# Noise at the front



## banning (Apr 2, 2017)

Hello, excuse my english i am french and i speak to you via a google translator.
Here is my problem: a month ago I bought a cruze 2.0 diesel (163 hp) 2011, I hear a noise at the front "cloc cloc" when I ride on deformed roads, I checked the train Before, it is in good condition. 
Aurize you an idea of the problem? Thank you to all.


----------



## Robby (Mar 1, 2013)

Look for loose sway bar attachment links.....the plastic ends wear out and they transfer noise into the car.

Rob


----------



## banning (Apr 2, 2017)

Thanks, I'll look at that, thx !!


----------



## EricSmit (Dec 21, 2016)

À l'avenir, si vous avez des questions, vous pouvez publier dans votre langue maternelle française avec la traduction.

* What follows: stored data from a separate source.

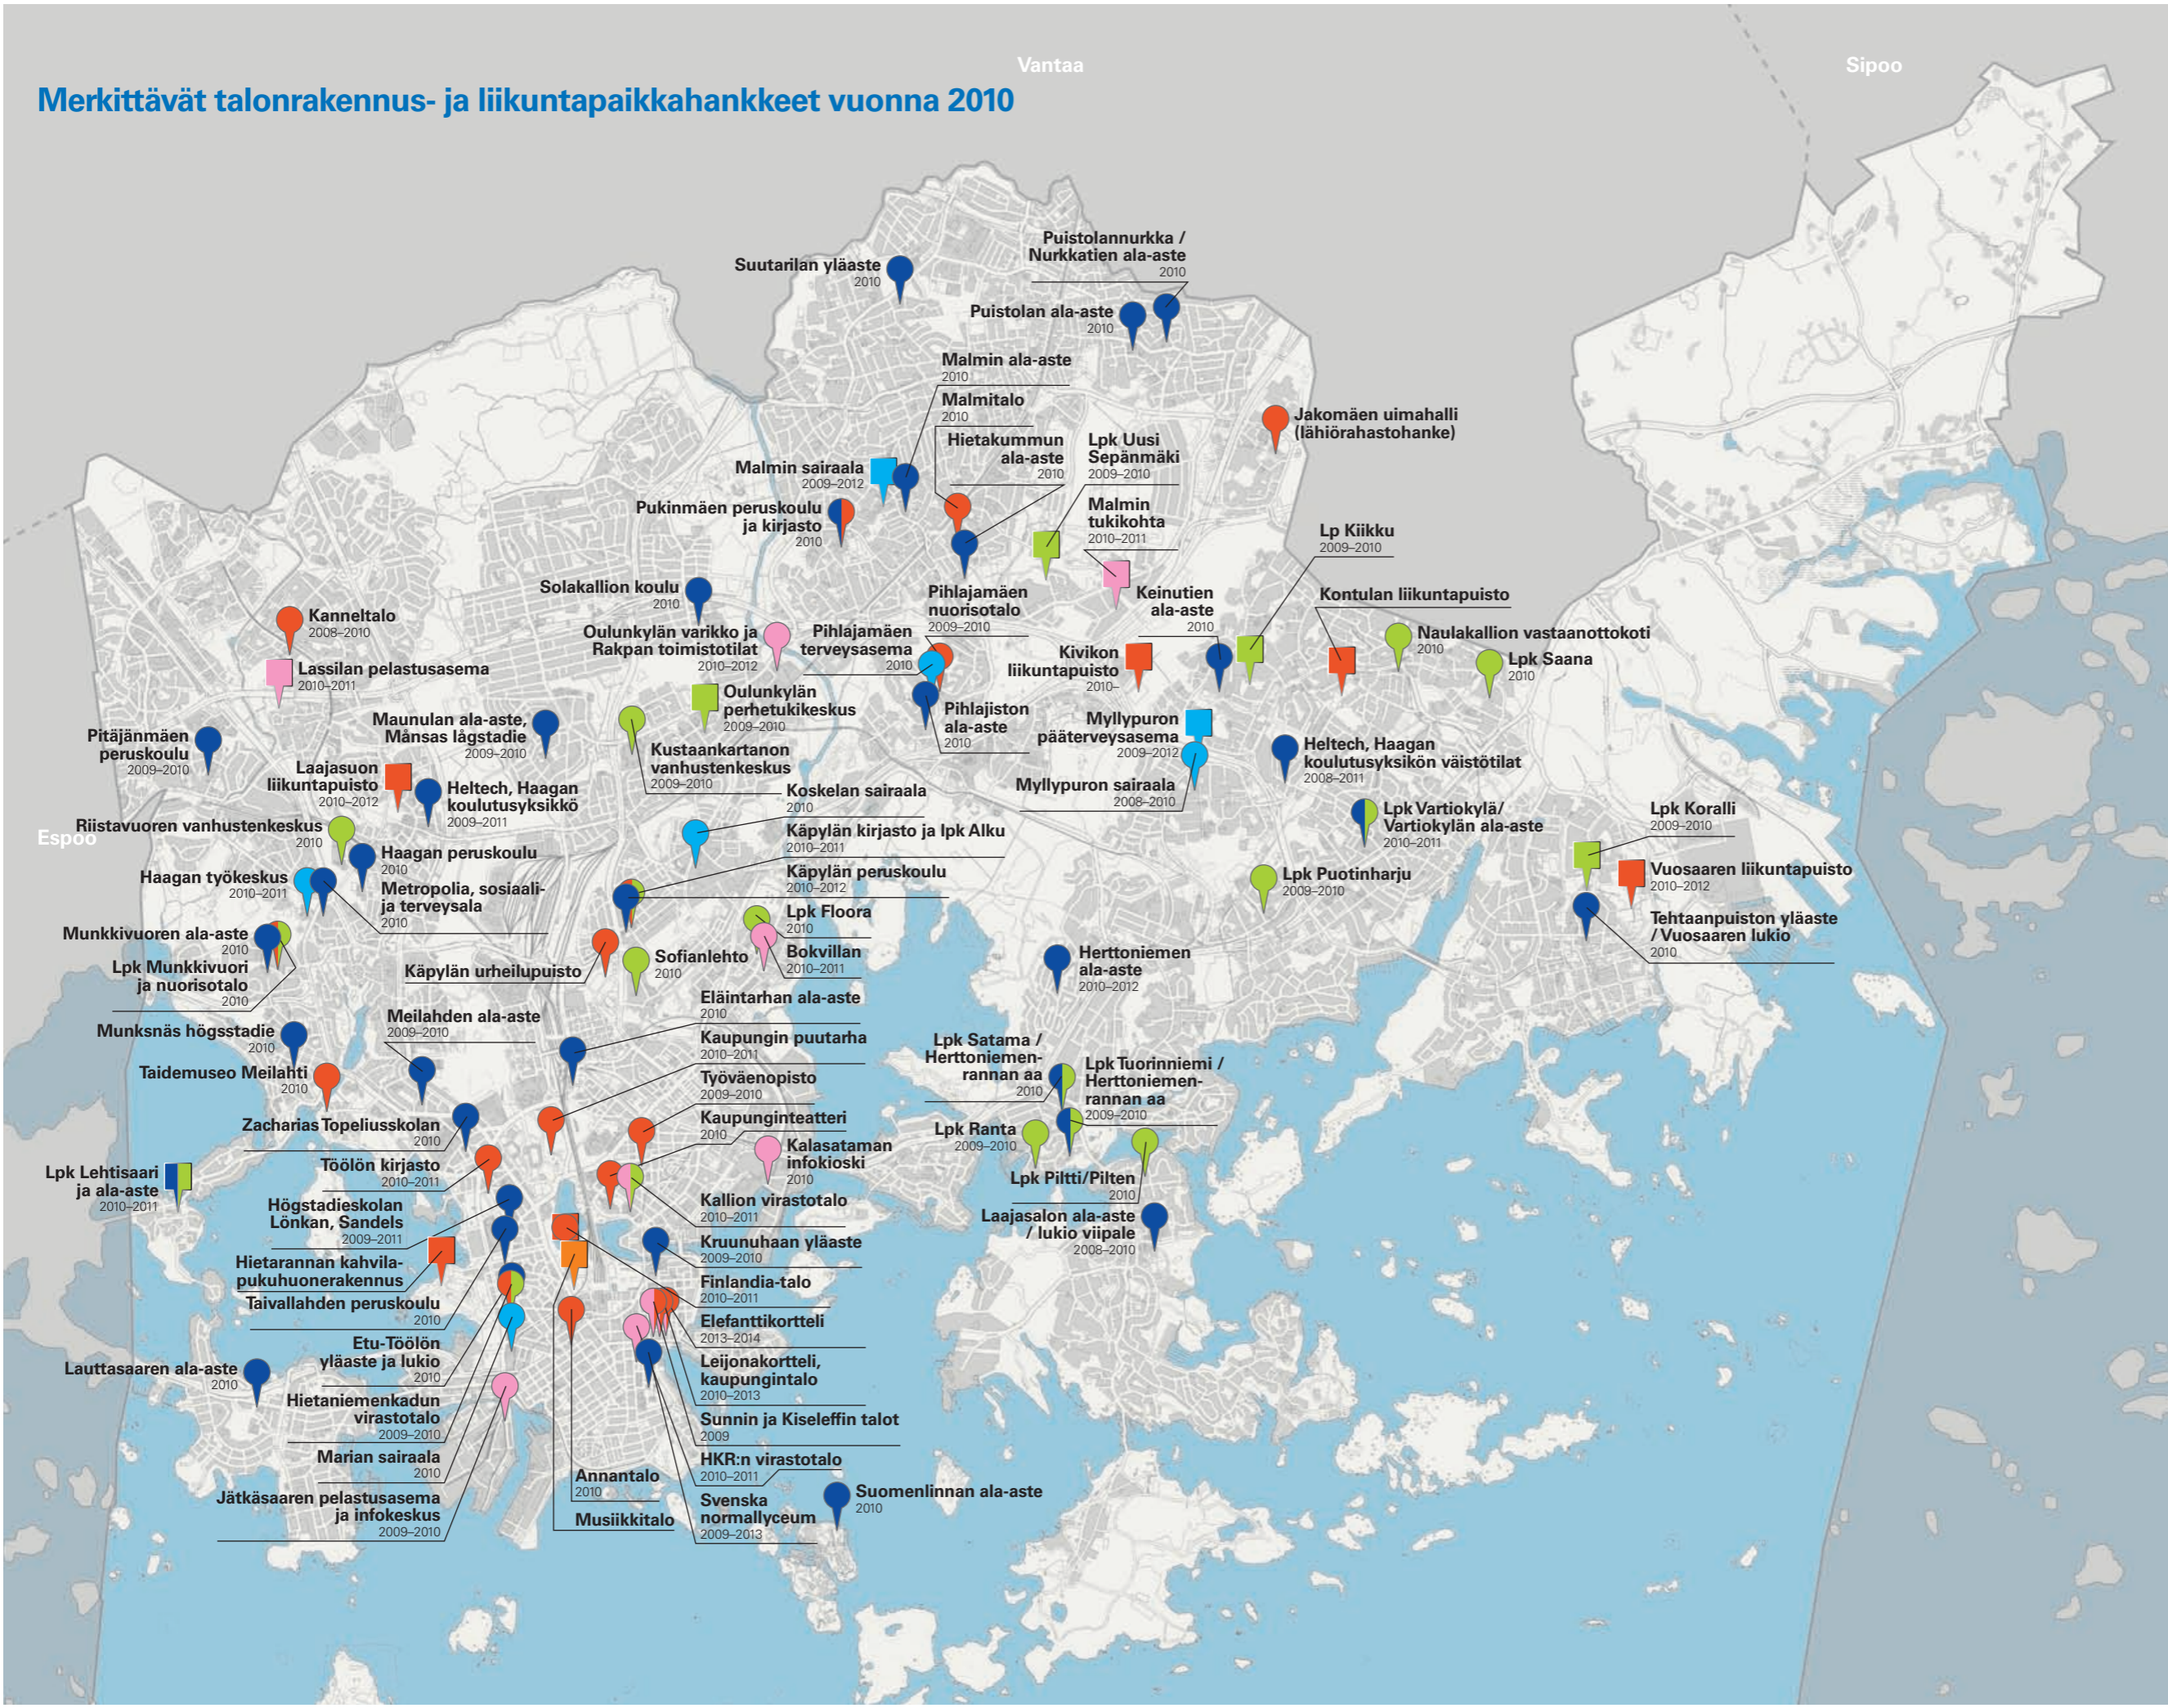

Merkittävät talonrakennus- ja liikuntapaikkahankkeet vuonna 2010

Hankkeet

- Korjaushanke rakentamisen ajoitus
- Uudishanke rakentamisen ajoitus

Toimialat

- Sosiaalitoimi
- Terveystoimi
- Opetus ja koulutus
- Kulttuuri ja vapaa-aika
- Muut

Lyhenteet

- Aa** Ala-aste
- Hs** Högstadieskola
- Lp** Leikkipuisto
- Lpk** Lasten päiväkoti
- Ls** Lägstadieskola
- PK** Peruskoulu

Beaucoup d'entre nous parlent plus que l'anglais et sont heureux de vous aider.

In the future if you have questions, you're welcome to post in your native French along with the translation. Quite a few of us speak more than just English and are happy to help.


----------



## banning (Apr 2, 2017)

... ok, merci.


----------



## EricSmit (Dec 21, 2016)

And welcome!


----------



## ChevyCanuck (Sep 27, 2016)

EricSmit said:


> À l'avenir, si vous avez des questions, vous pouvez publier dans votre langue maternelle française avec la traduction. Beaucoup d'entre nous parlent plus que l'anglais et sont heureux de vous aider.
> 
> In the future if you have questions, you're welcome to post in your native French along with the translation. Quite a few of us speak more than just English and are happy to help.


Holy crap. Votre francais est magnifique. Is there anything you are not good at? :bowing:


----------